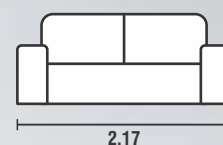

REF:
3001

ENCOSTO: SOLTOS / MOLA / ESPUMA D28 HIPER SOFT / 5CM DE ALTURA
ASSENTO: MOLAS ZIG ZAG / ESPUMA SOFT D28 / 8CM DE ALTURA

BRAÇO: ESPUMA D28 HIPER SOFT / 5CM DE ALTURA
PÉS: MADEIRA TABACO
COR: 123

DISPONÍVEL PARA TODAS AS CORES

ENCOSTO: SOLTO / CAPITONÊ / ESPUMA D20
ASSENTO: MOLAS ZIG ZAG / ESPUMA SOFT D28 / 5 CM DE ALTURA
BRAÇO: ESPUMA SOFT D23 / 3CM DE ALTURA

PÉS: PVC ACABAMENTO CROMADO
COR: 2008

DISPONÍVEL PARA TODAS AS CORES

REF:
2082
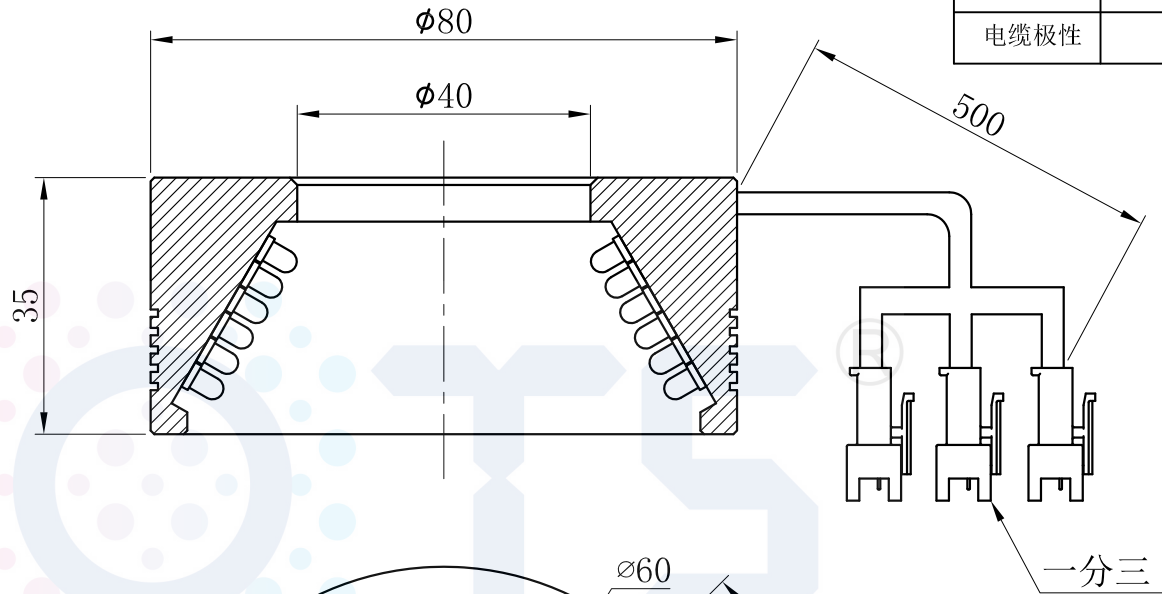

LTS-RN8030

产品型号	LTS-RN8030
LED发光色	R(红)/G(绿)/B(蓝)
输入电压	DC 24V(max)
消耗功率	6.24W(R)/6.24W(G)/6.24W(B)
电缆极性	1:+、2:NC、3:-

4-M3深4

ø60

45°

照明示意图

30°

注：可选配平面漫射板
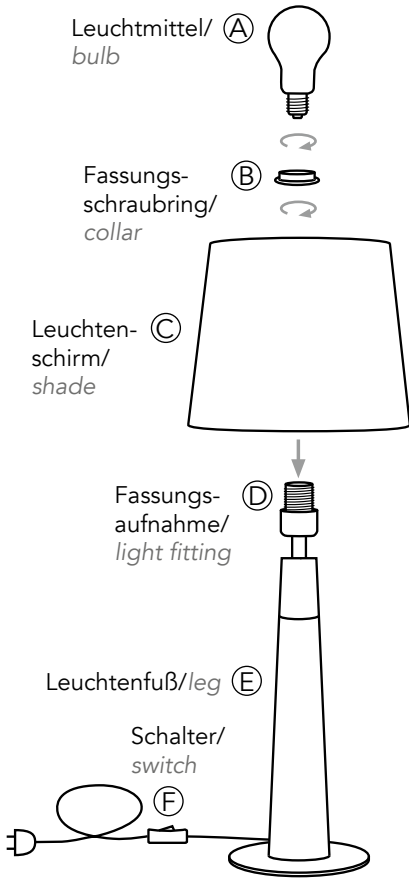

HERZBLUT

Installations- und Montagehinweise

*Installation manual for*

Conico 30650 / 30653 / 30655 / 30750 / 30753 /

30755 / 30850 / 30853 / 30855

[www.herzblut.eu.com](http://www.herzblut.eu.com)

## Installations- und Montagehinweise

1. Nehmen Sie den Leuchtenfuß (E) und den Schirm (C) aus der Verpackung.
2. Schrauben Sie den Fassungs-schraubring (B) von der Fassungsaufnahme (D) ab.
3. Stecken Sie den Schirm (C) auf das Gewinde der Fassungsaufnahme (D).
4. Schrauben Sie den Fassungs-schraubring (B) wieder auf die Fassungsaufnahme (D).
5. Zum Schluss schrauben Sie das Leuchtmittel (A) in die Fassungsaufnahme (D). Das Leuchtmittel ist nicht im Lieferumfang enthalten.
6. Zum An- und Ausschalten betätigen Sie den Schalter (F).

## Installation

1. Take out the base (E) and the shade (C) from the packaging.
2. Unscrew the collar (B) from the light fitting (D).
3. Place the shade (C) on the light fitting (D).
4. Screw the collar (B) back onto the light fitting (D).
5. Screw the bulb (A) into the light fitting (D). The bulb is not included.
6. To switch the lamp on and off, use the switch on the cable (F).
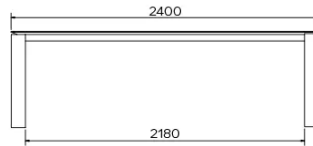

TYPE

eetkamertafel, totale hoogte 76cm

BLAD

21 mm multiplex basis, zwarte afgeschuinde kant, met een blad keramiek van 3 mm.

VERLENGBLAD(EN)

Deze versie is altijd zonder verlengblad

POTEN

Poot uit een metalen structuur bedekt door echt hout. De hoofd- en zijrails zijn altijd in dezelfde houtsoort en kleur als de poot. Het metalen deel van de poot is verkrijgbaar in alle Mobitec metaal-kleuren (behalve A11 en A24).

SPECIFIEKE KENMERKEN

-

VEILIGHEID

Onze tafels zijn zwaar en er zijn twee personen nodig om ze in elkaar te zetten of te verplaatsen.

AFMETINGEN (CM)

90 x 160 cm - 90 x 180 cm - 100 x 180 cm - 100 x 200 cm

100 x 220 cm - 100 x 240 cm - 100 x 260 cm

TERRA T0500

WELKE AFMEETING KIEZEN ?

GEWICHT & VERPAKKING

Afmetingen: 90X160 cm

Aantal pakketten: 3
 Brutogewicht: 66 kg
 Verpakkingsvolume: 0,34 m³

Afmetingen: 90X180 cm

Aantal pakketten: 3
 Brutogewicht: 70 kg
 Verpakkingsvolume: 0,35 m³

Afmetingen: 100X180 cm

Aantal pakketten: 3
 Brutogewicht: 74 kg
 Verpakkingsvolume: 0,36 m³

Afmetingen: 100X200 cm

Aantal pakketten: 3
 Brutogewicht: 79 kg
 Verpakkingsvolume: 0,38 m³

Afmetingen: 100X220 cm
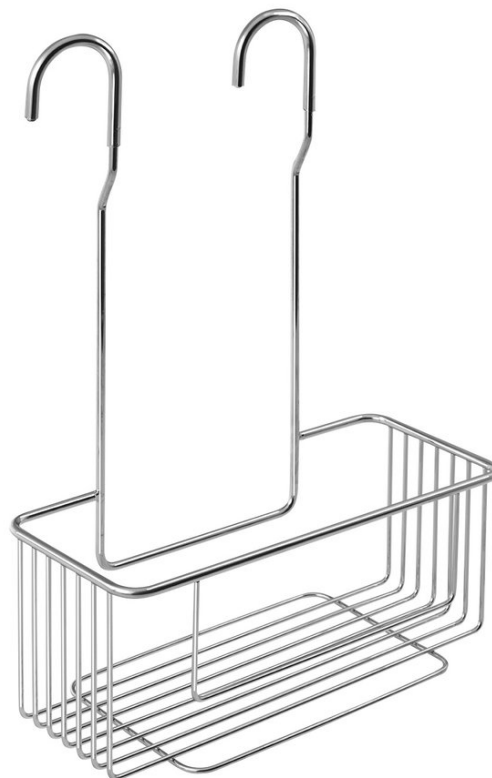

CHROM LINE półka do prysznic, zawieszana na baterii, chrom

Kod: 37006

Podstawowe informacje

Marka: Aqualine
Seria: CHROM LINE

Rozmiary

Długość: 260 mm
Szerokość: 260 mm
Wysokość: 375 mm
Głębokość: 112 mm

Właściwości

Kolor: Chrom
Materiał: Stal
Kształt: Druciany
Rodzaj: Półka: do zawieszenia
Instalacja: Do zawieszenia
Waga / szt.: 0.45 kg
Opakowanie: 1 szt.
Gwarancja: 2 lata

Karta techniczna
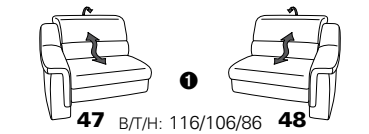

PLANOPOLY motion

NEU:
jetzt auch mit Herz-Waage-Funktion
in allen elektrischen Wallfree-Elementen
als Zusatzausstattung!

1301

stufenlos verstellbare Kopfstützen
mittels Rasterbeschlag

Variante 16
mit 2x Wallfree-Funktion
und Ablage mit Stauraum

Wallfree-Funktion

Typenplan 1301

die Wallfree-Funktion ist manuell oder elektrisch verstellbar erhältlich!

① nur mit bodennahen Varianten kombinierbar

② bodennah

Eckelemente

Sofas

mit Wallfree-Funktion ohne Wallfree-Funktion

Abschlüsselemente

mit Wallfree-Funktion

ohne Wallfree-Funktion

Zwischenelemente

mit Wallfree-Funktion

ohne Wallfree-Funktion

Sessel

mit Wallfree-Funktion ohne Wallfree-Funktion
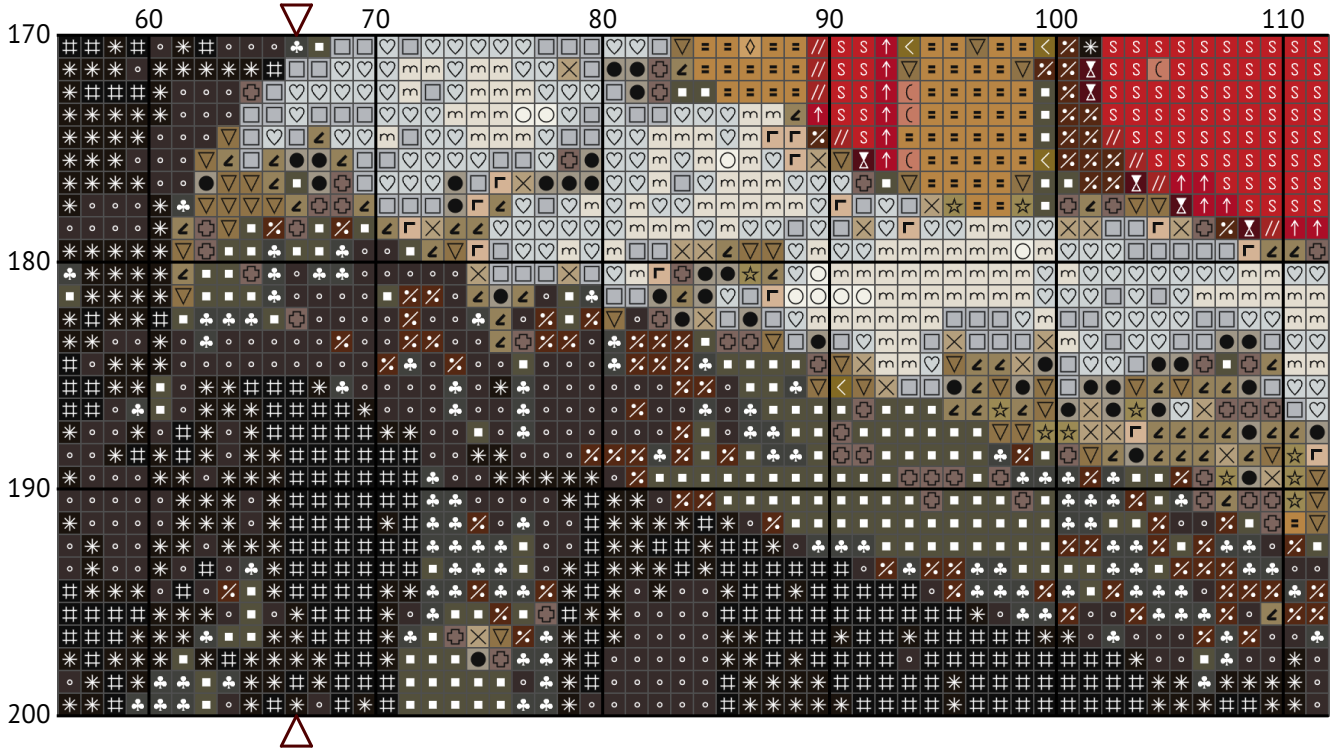

Любовь посреди войны

Схема вышивки крестиком

Размер: 133 x 200 крестиков

Любовь посреди войны

Любовь посреди войны

Любовь посреди войны

Любовь посреди войны

Любовь посреди войны

Любовь посреди войны

Любовь посреди войны

Любовь посреди войны

Любовь посреди войны
Список нитей мулине DMC

N	Symbol	Number	Name	Stitches
1		 DMC 02	Tin	2574
2		 DMC 09	Cocoa - Very Dark	3411
3		 DMC 18	Yellow Plum	160
4		 DMC 22	Alizarin	260
5		 DMC 304	Red - Medium	454
6		 DMC 310	Black	1764
7		 DMC 321	Red	200
8		 DMC 347	Salmon - Very Dark	364
9		 DMC 372	Mustard - Light	205
10		 DMC 407	Desert Sand - Dark	401
11		 DMC 451	Shell Gray - Dark	2055
12		 DMC 535	Ash Gray - Very Light	1975
13		 DMC 543	Beige - Ultra Very Light	372
14		 DMC 612	Drab Brown - Light	843
15		 DMC 648	Beaver Gray - Light	699
16		 DMC 738	Tan - Very Light	423
17		 DMC 762	Pearl Gray - Very Light	2179
18		 DMC 801	Coffee Brown - Dark	665
19		 DMC 814	Garnet - Dark	253
20		 DMC 831	Golden Olive - Medium	254
21		 DMC 3032	Mocha Brown - Medium	1007
22		 DMC 3045	Yellow Beige - Dark	230
23		 DMC 3371	Black Brown	2271
24		 DMC 3782	Mocha Brown - Light	424
25		 DMC 3787	Brown Gray - Dark	2417
26		 DMC 3810	Turquoise - Dark	140
27		 DMC 3865	Winter White	81
28		 DMC 3866	Mocha - Ultra Very Light	519
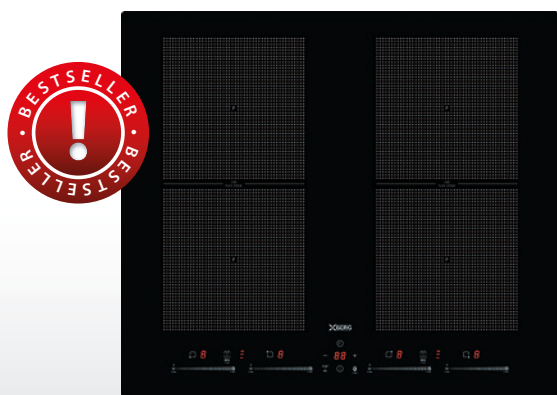

potwierdź cenę kodem QR

płyta indukcyjna BRGI 6424

5 lat gwarancji **1649 zł**

4 pola indukcyjne Booster / **2 x flex zone – możliwość połączenia 2 pól w jedno** / sterowanie sensorowe + suwak slider / 9 poz. mocy + Booster / możliwość podłączenia na 230 V / blokada sterowania / Timer / autom. wyłączenie / wskaźnik ciepła resztkowego / czerwony wyświetlacz / bezramkowa / kolor czarny / szerokość 60 cm
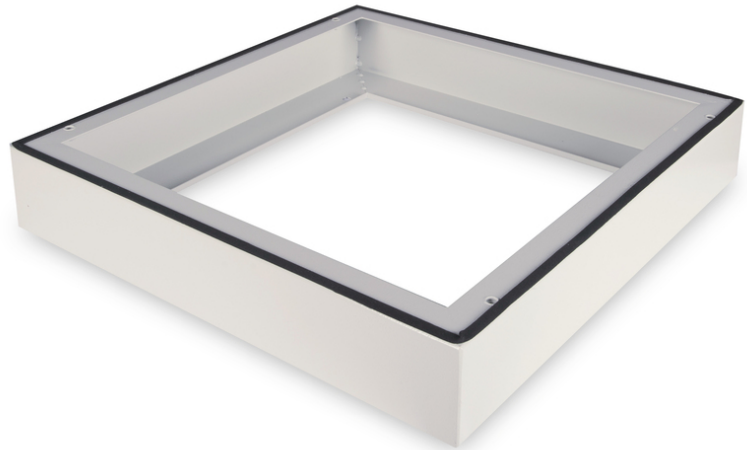

DIGITUS Base per custodia da parete IP55 - 600x600 mm (LxP)

DN-19 PLINTH-6-I-OD
 EAN 4016032370512

Base per custodia da parete per esterni IP55 100x600x600 mm, colore grigio (RAL 7035)

La base per le custodie a parete IP55 da 483 mm (19") aumenta l'altezza di 100 mm e offre spazio per il cablaggio strutturato. L'installazione si esegue in semplici passaggi con le viti in dotazione. La base è inoltre dotata di una guarnizione per mantenere il grado di protezione IP55. Consente l'installazione su una solida base a pavimento.

- Installazione semplice sotto i mobili

- Lamiera d'acciaio di 1,5 - 2,0 mm di spessore
- Capacità di carico massima: 1000 kg
- Colore: grigio chiaro, RAL 7035
- Larghezza: 600 mm
- Profondità: 600 mm
- Fattore di forma in pollici (IEC 60297): 482,6 mm (19")
- Per serie di armadi: Montaggio a parete
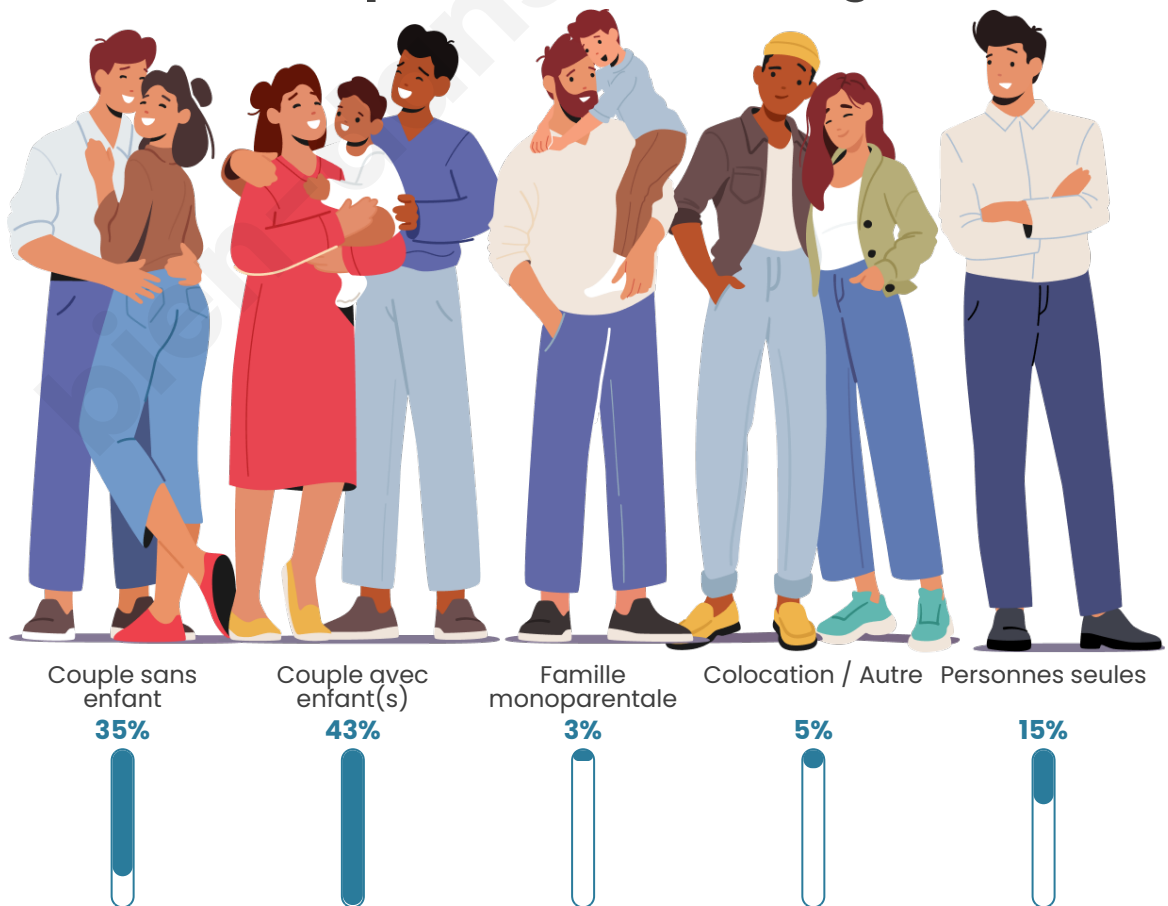

Tranche d'âge

Activité professionnelle

Niveau de diplôme

Composition des ménages

Profils électoraux

Premier tour

	Emmanuel MACRON	31.28 %
	Marine LE PEN	23.93 %
	Jean-Luc MÉLENCHON	20.06 %
	Yannick JADOT	6.26 %
	Jean LASSALLE	4.67 %
	Éric ZEMMOUR	3.28 %
	Valérie PÉCRESE	3.08 %
	Anne HIDALGO	2.88 %
	Nicolas DUPONT- AIGNAN	1.89 %
	Fabien ROUSSEL	1.69 %
	Nathalie ARTHAUD	0.60 %
	Philippe POUTOU	0.40 %
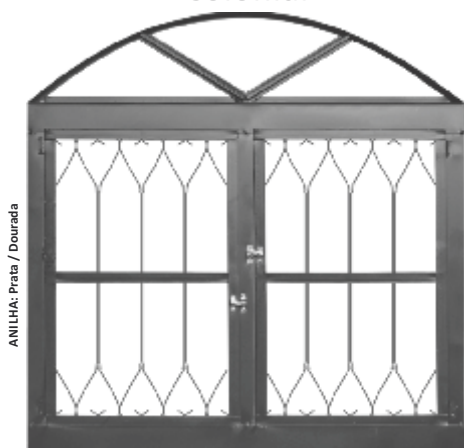

Janelas de Abrir Pintura por Imersão

Colonial

MEDIDAS	CÓDIGO	MEDIDAS	CÓDIGO
0,60x0,40	302	1,00x0,30	242
0,60x0,60	236	1,00x1,00	243
0,80x0,40	238	1,00x1,20	244
0,80x0,50	239	1,20x1,20	245
0,80x0,60	240	1,20x1,50	246
0,80x0,80	241	1,20x2,00	247
● ● ●
Aim of the task
Find the lines in the records above that hold the word "ASSENTO", and give only how many there are.

Your response
2